That's kind of what HP NonStop is, a distributed operating system operating as a huge cluster.
If you followed their coding practices and used their native libraries you could almost always do things like freeze a process, move it to an entirely different CPU (which could be a totally different physical server) then restart it without losing the work in progress, processes could auto-restart and resume from the last checkpoint, add more processes to handle the messages in the queue and all kinds of built into the OS and layered services niceties that everyone keeps reinventing.
> So do we all have to keep reinventing these wheels, but only after a production outage?
We live in a world where programmers' "consensus" is that checked exceptions are bad and we need to remove them from Java. People generally just don't care anything except the happies path.
That's not the reason to remove checked exceptions from Java. The reason is that exceptions don't compose - they don't play well with functional style code which otherwise works pretty well in Java.
Fun fact: you can actually parameterize functions and types over exception types in Java, <T extends Throwable> ... throws T will type check as expected.
Of course, if you solve a problem using generics, you will now have 2 problems instead of 1...
Does it work for a variable list of things, or would supporting two different checked exceptions require two generic params? If it's one per param I think that's neat but probably limited in use to "your exception can contain a generic value", like `throw NewInsertFailedException(value)`.
I think you might be able to trick the type checker to accept union types, but I'm not sure.
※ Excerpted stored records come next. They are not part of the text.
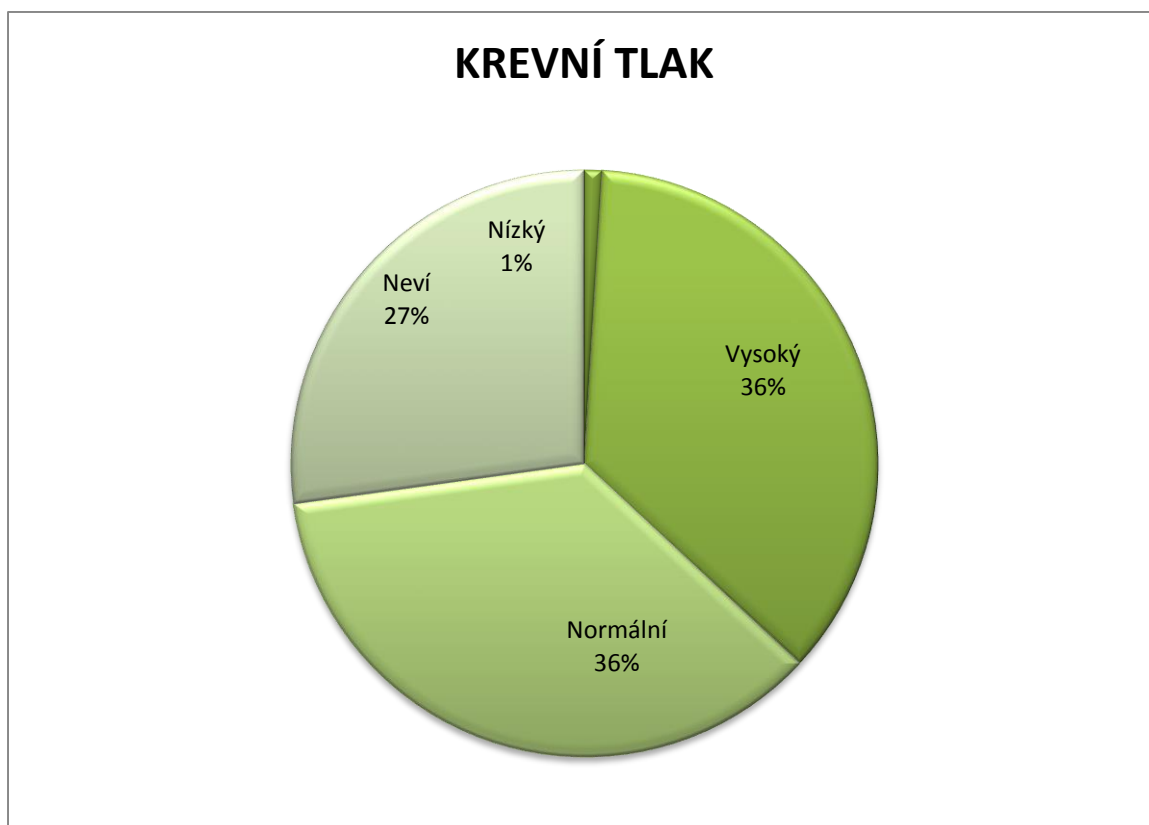

GRAF č.12

GRAF č.13

GRAF č.14

Lidé ve věku 0 – 14 let (68)

GRAF č.1

GRAF č.2

GRAF č.3

GRAF č.4

GRAF č.5

GRAF č.6

GRAF č.7a

GRAF č.7b

BALENÁ VODA VE SROVNÁNÍ S VODOU Z VODOVODU

GRAF č.8

GRAF č.9

GRAF č.10

GRAF č.11a

GRAF č.11b

GRAF č.12 (možnost více odpovědí)

GRAF č.13

GRAF č.14a

GRAF č.15

Muži ve věku 15 – 29 let (37 mužů)

GRAF č.1

I know intersection types are possible, but they are not really useful for exceptions.
Regarding practicality - I've used this feature when implementing a visitor class API, so it definitely has some use cases.
The biggest problem is that all it takes is a single method in the chain which does not support this pattern (think java.util.stream). For internal code it's pretty easy to decorate all functions that take callback lambdas, etc.
And stuff like the Stream api does not use these generics, so you end up wrapping exceptions in RuntimeException anyway, which... again defeats the point of checked exceptions.
"So do we all have to keep reinventing these wheels, but only after a production outage?"
Lotta cynical replies, and mine is going to sound like one of them at first, but I actually mean it in a relatively deep and profound way: Time is hard. You can even see it in pure math, where Logic is all fun and everyone's having a great time being clever and making all sorts of exciting systems and inferences in those systems... and then you try to build Temporal Logic and all the pretty just goes flying out the door.
Even "what if the reply takes ten seconds" is the beginning. By the very nature of the question itself I can infer the response is expected to be small. What if it is large? What if it might legitimately take more than ten seconds to transfer even under ideal circumstances, but you need to know that it's not working as quickly as possible? Is your entry point open to the public? How does it do with slowloris attacks [1]? What if your system simply falls behind due to lack of resources? The difference between 97% capacity and 103% capacity in your real, time-bound systems can knock your socks off in ways you'd never model in an atemporal system that ignored how long things take to happen.
Programming would be grungy enough even if we didn't have these considerations, but I'm not even scratching the surface on the number of ways that adding time as a real-world consideration complexifies a ton of things. Our most common response is often just to ignore it. This is... actually often quite rational, a lot of the failure cases can be feasibly addressed by various human interventions, e.g., while writing your service to be robust to "a slow internal network" might be a good idea, there's also a sense in which the only real solution is to speed up the internal network. But still, time is always sitting there crufting things up.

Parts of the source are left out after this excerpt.